Lundgren pointed to research commissioned by easyJet that shows more than two-thirds (67%) of UK consumers have said they are more likely to travel abroad in 2024 than in 2023. He also said the average air fare had risen by £9 from 2022. The airline is launching new bases in Alicante and Birmingham next spring.

He added: “Demand looks very strong – and we can see that particularly in easyJet holidays, [which] is up now over 30% year on year, and that’s an early barometer for the demand.”

After a record summer, easyJet made an adjusted pre-tax profit of £455m in the six months to 30 September, which was better than expected, and compares with a loss of £178m a year earlier. It carried 19% more passengers, a total of 83 million people, and revenues rose 42% to £8.2bn. Growing ancillary revenues, such as seat selection and onboard food, have now added almost £12 a passenger since 2019.

EasyJet reinstated its dividend for the first time since the Covid-19 pandemic and will pay 4.5p a share in early 2024. Its share price rose 2% on the news.

Sophie Lund-Yates, an analyst at Hargreaves Lansdown, said: “EasyJet is adamant that households will continue to prioritise travel in the new financial year. There are early indication’s that’s true, but that could change at short notice if the UK folds into recession. The conflict in the Middle East also has the potential to dent performance and will need monitoring closely.

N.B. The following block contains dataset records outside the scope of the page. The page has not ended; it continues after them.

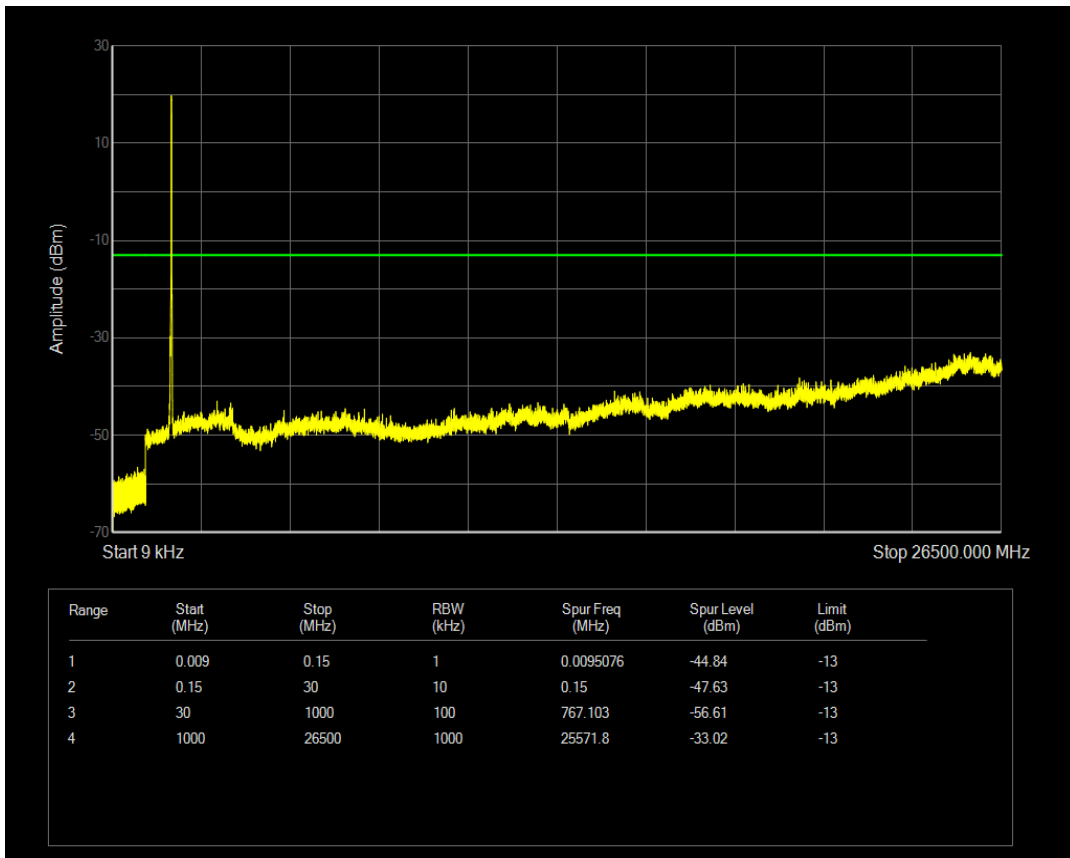

Band66 QPSK BW=15MHz Channel=132597 RB Size=75 Position=#0

Band66 16QAM BW=15MHz Channel=132597 RB Size=1 Position=#0
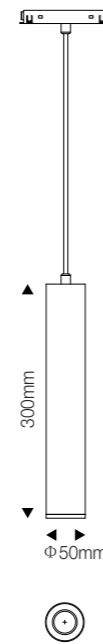

Magnetic Pendant Light

CE CB RoHS BIS

LD-15-66701-001

Wattage	12W
INPUT	DC 48V
Lumen Flux	80LM/W
CCT	3000K/4000K
Beam angle	24°
Color Rendering Index	Ra=80/90
Size	50*H300mm
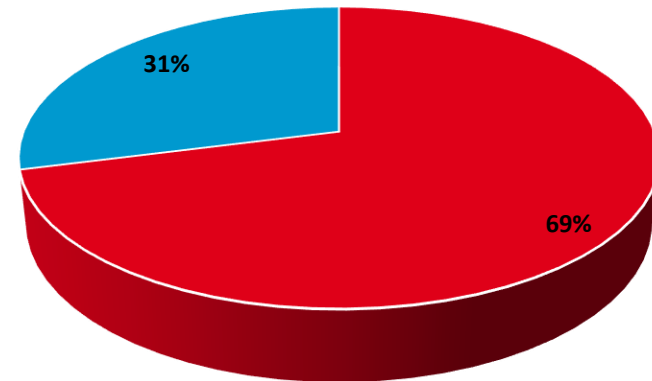

6000 international students

Foto: © UHH// Frank von Wieding

Winter Semester 2019/2020

43.957 enrolled Students

■ Male ■ Female

667 Professors

■ Male ■ Female

Statistik: © <https://www.uni-hamburg.de/uhh/profil/fakten.htm>
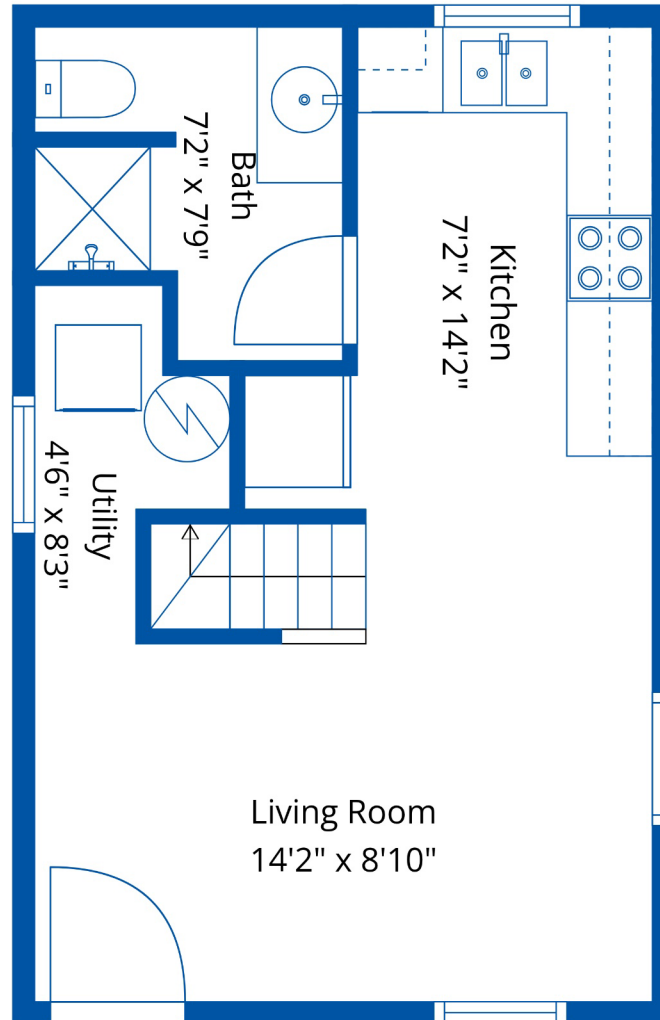

## Estimated Areas:

Main Floor: 356 sq. ft  
Above Main: 291 sq. ft  
**Total: 647 Sq. Ft**
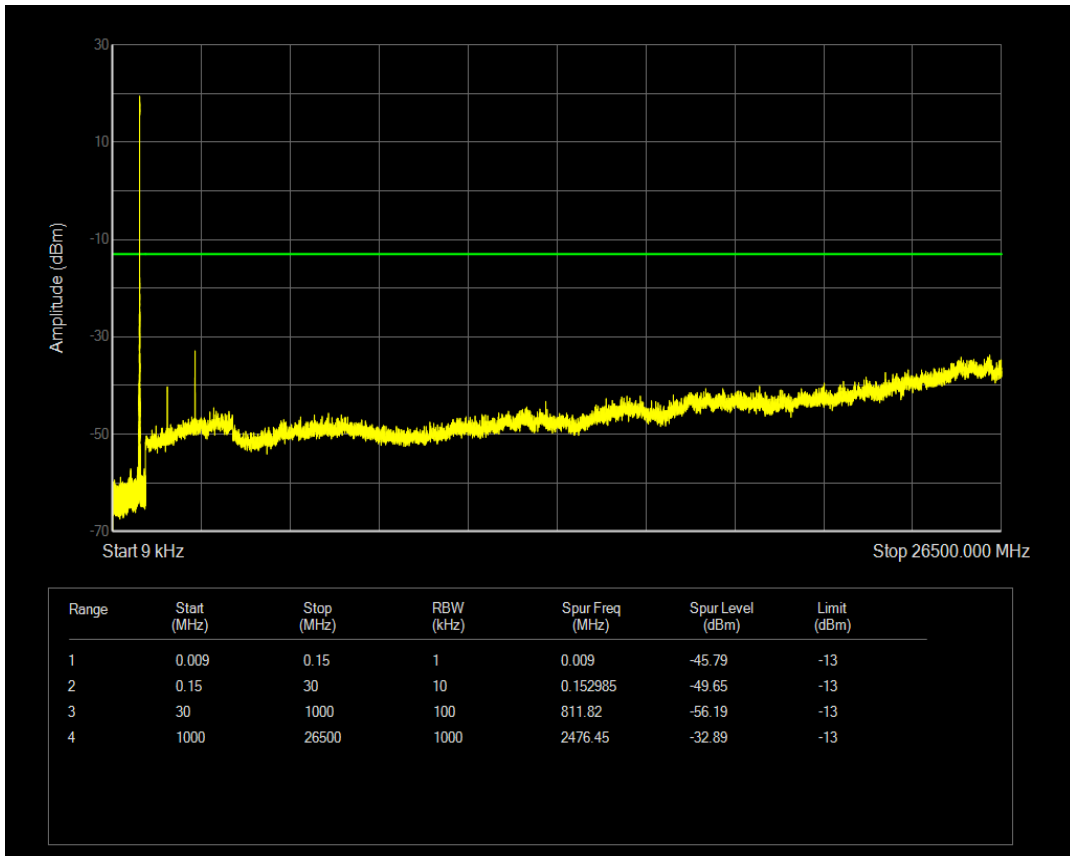

Band5 16QAM BW=3MHz Channel=20415 RB Size=1 Position=#0

Band5 QPSK BW=3MHz Channel=20415 RB Size=15 Position=#0

“The good news for easyJet is that its problems are all outside of its control, which tells the market that its proposition is about as good as it can be – and is waiting to take off once conditions allow.”

The carrier had already ordered 158 A320 planes from Airbus for delivery in the years up to 2029, and has struck a conditional deal for a further 157 A320 and A321 jets between 2029 and 2034, as it replaces half its A320 fleet.